■ **What this task involves**
Copy every line of the data that includes the string "Siedlimowo".

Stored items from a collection

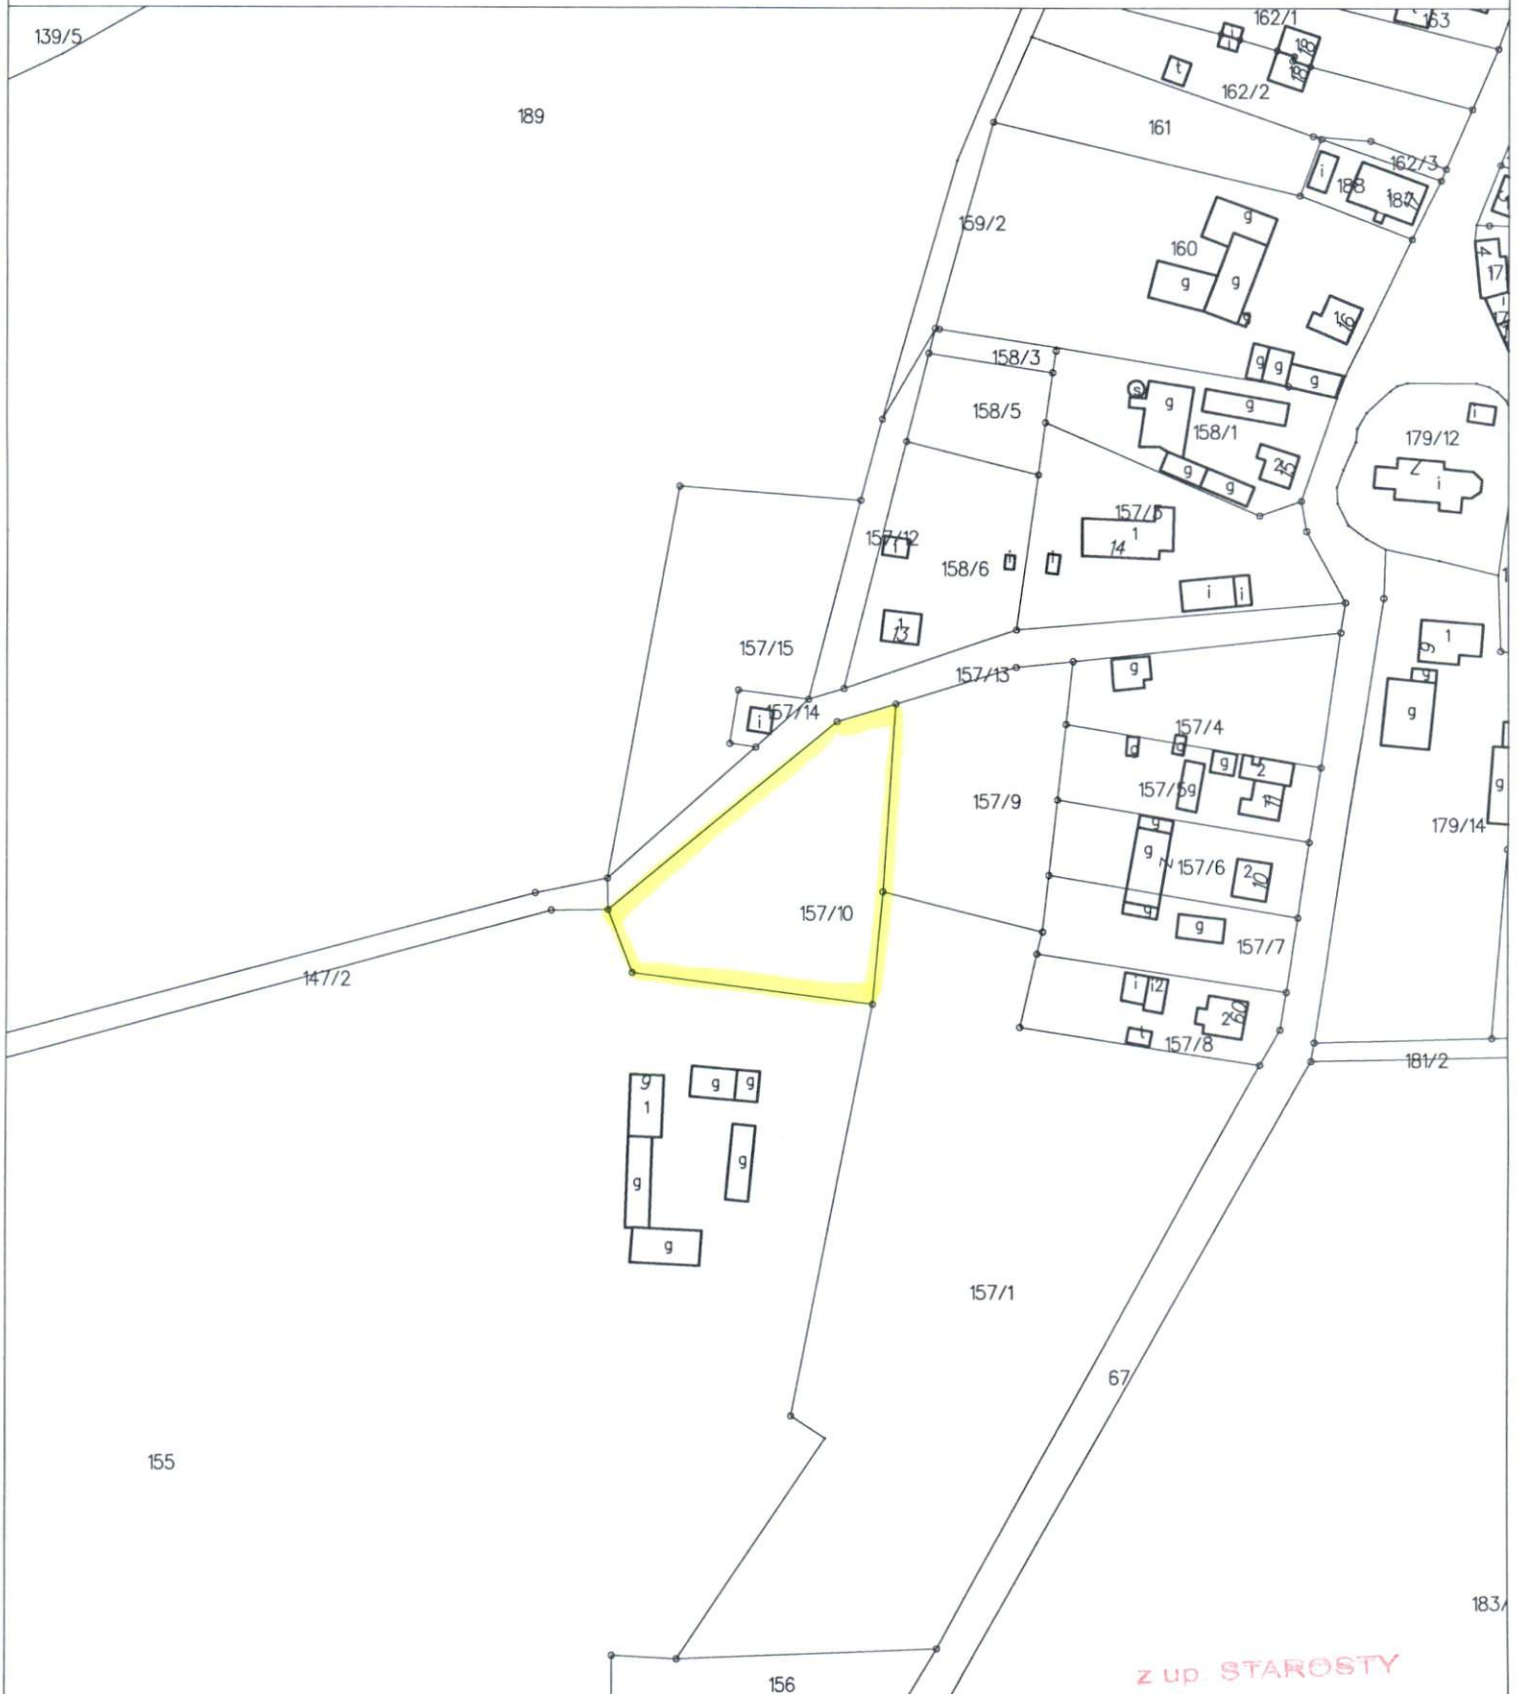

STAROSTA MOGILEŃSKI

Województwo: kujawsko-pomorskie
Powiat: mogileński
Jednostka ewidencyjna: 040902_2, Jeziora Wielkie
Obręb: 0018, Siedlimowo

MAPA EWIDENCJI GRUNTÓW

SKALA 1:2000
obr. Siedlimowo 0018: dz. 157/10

■ **Written solution**
Obręb: 0018, Siedlimowo
obr. Siedlimowo 0018: dz. 157/10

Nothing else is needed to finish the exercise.